LB medium was first described in the early days of phage genetics studies (Luria et al. 1960) and is still widely used by the molecular biologist today. All of the formulations contained 10 g tryptone and 5 g yeast extract/liter. Some also included 0.1% sugar, which is not used in this case. NaCl amounts can vary between 0.5 g and 10 g. For E. coli growth within the framework of this thesis, 10.0 g NaCl per liter were used.
To prepare the LB agar plates used during this thesis, 18 g/l Agar-Agar was added to freshly prepared (not autoclaved) LB medium and autoclaved. If a selection for antibiotic resistance of transformed bacteria was required, one of the following antibiotics was added to the LB agar after autoclaving:
• Ampicilline 100 µg/ml
• Kanamycine 50 µg/ml
The medium was then poured into Petri dishes and stored at 4°C.
Table 3-4 NZYM (NZY) pH 7.5 (Blattner et al. 1977; Sambrook et al. 1989) Contents Weight/
Volume Manufacturer
NZ-Amine 10.0 g/l Sigma Aldrich Chemie GmbH, Steinheim, D
Yeast extract 5.0 g/l Select Yeast Extract Sigma Aldrich Chemie GmbH, Steinheim, D
NaCl 5.0 g/l C. Roth & Co. GmbH, Karlsruhe, D
Above ingredients were autoclaved for 20 min at 121°C, before addition of 2 M MgSO4 4.0 ml/l
Traditionally, the E. coli host for lambda phages is grown on a NZY medium. This medium is not as rich as LB medium, and E. coli growth is slower, making it less likely that E. coli will overgrow the phage.
During this thesis, NZY medium was used to prepare TopAgar for phage lysates.

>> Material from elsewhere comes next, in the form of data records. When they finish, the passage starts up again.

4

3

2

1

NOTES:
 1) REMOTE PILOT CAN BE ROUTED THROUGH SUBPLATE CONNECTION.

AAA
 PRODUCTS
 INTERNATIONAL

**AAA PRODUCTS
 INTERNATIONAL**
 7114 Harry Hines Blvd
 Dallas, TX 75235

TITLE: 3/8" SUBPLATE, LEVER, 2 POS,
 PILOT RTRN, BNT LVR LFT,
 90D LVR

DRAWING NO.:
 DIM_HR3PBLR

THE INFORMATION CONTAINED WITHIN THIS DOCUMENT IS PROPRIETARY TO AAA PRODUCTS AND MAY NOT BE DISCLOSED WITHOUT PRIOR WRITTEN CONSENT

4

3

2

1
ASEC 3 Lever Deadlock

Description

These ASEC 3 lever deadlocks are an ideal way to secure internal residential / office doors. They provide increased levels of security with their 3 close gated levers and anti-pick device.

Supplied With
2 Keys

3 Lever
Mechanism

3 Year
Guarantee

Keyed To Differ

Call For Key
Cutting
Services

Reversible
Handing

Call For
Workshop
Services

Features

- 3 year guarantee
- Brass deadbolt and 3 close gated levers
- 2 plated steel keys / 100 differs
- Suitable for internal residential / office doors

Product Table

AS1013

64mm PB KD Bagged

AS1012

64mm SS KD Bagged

TopAgar was prepared as follows: 0.7%, agarose (Carl Roth GmbH + Co, Karlsruhe, D) was mixed with NZY-medium and autoclaved. If required, TopAgar was reheated several times in the microwave oven. For a description of the subsequent plating procedure, see chapter 3.5.

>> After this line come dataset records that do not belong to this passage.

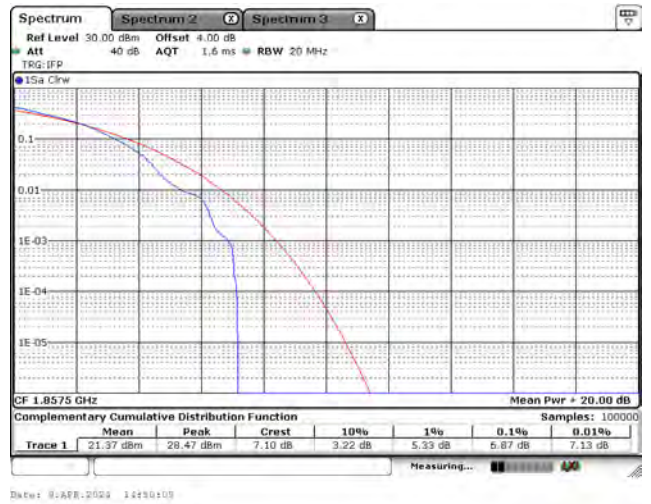

CH26115_15M_16-QAM_1RB0
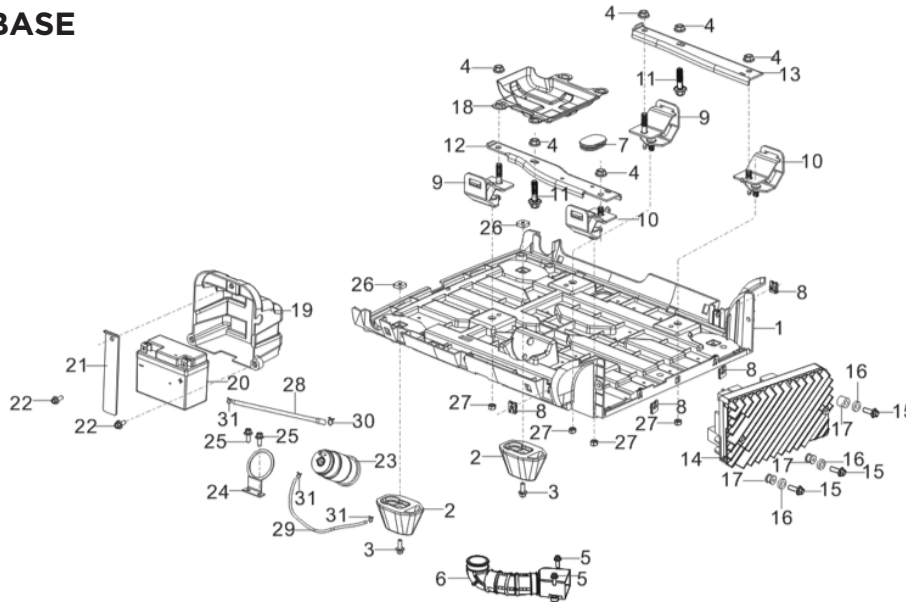

INVERTER BASE

REF #	DESCRIPTION	QTY	BE PART #
1	BASE PLATE	1	85.571.764
2	FRAME SEAT	2	85.571.765
3	BOLT	2	
9	SHOCK ABSORBER	2	85.571.766
10	SHOCK ABSORBER	2	
14	INVERTER ASSEMBLY	1	85.571.705
20	BATTERY	1	85.573.108
21	BATTERY STRAP	1	85.571.767
23	CARBON CANISTER	1	85.571.706

For cultivation of all fungi besides Botrytis fabae and Ascochyta fabae, malt extract was used:
Table 3-5 Malt Extract
Contents Weight/ Volume Manufacturer
Malt extract 30.0 g/l Biomalt, Gesundprodukte, Kirn D
Malt extract is a rich medium for fungal growth and stock culture preparation. If not otherwise mentioned, all fungi used for further DNA preparation were grown using malt extract in liquid culture (20°C, 80 rpm, up to one week). Malt extract was also used for infiltration experiments with Botrytis fabae in a dilution of 1/1’000 to stimulate pathogenesis of this fungus.

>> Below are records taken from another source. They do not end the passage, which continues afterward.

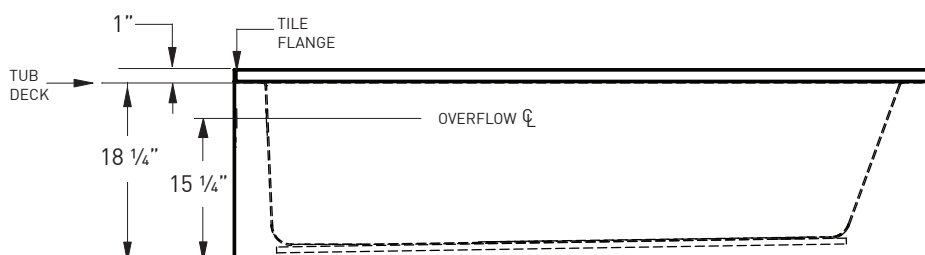

# LOFT

(E130S - LOFT SKIRTED)

66'' x 36'' x 19''

*A sleek interior and flat front skirt evoke a modern, high end feel for your secondary bath.*

# LOFT E-130S SKIRTED - RIGHT HAND

66" x 36" x 19"

The cultivation of B. fabae and A. fabae took place using oatmeal- and potato-dextrose liquid culture medium, as well as hay extract:
Table 3-6 Potato Dextrose Liquid Culture Medium (MacFaddin 1985) Contents Weight/ Volume Manufacturer
Potato Dextrose Broth
24 g/l DIFCO Laboratories, Detroit, MI, U.S.A
Table 3-7 Oatmeal Liquid Culture Medium Contents Weight/
Volume Procedure
Oatmeal 30 g/l Freshly ground, organically grown oatmeal was cooked for about 0.5 h in tap water. The liquid phase was then decanted and autoclaved for 20 min at 121°C
Table 3-8 Hay Extract Contents Weight/
Volume Procedure
Hay 30 g/l Dry hay was cooked for about 1 h, then autoclaved for 20 min at 121°C for a better extraction, filtered, replenished to 1’000 ml and again autoclaved for 20 min at 121°C.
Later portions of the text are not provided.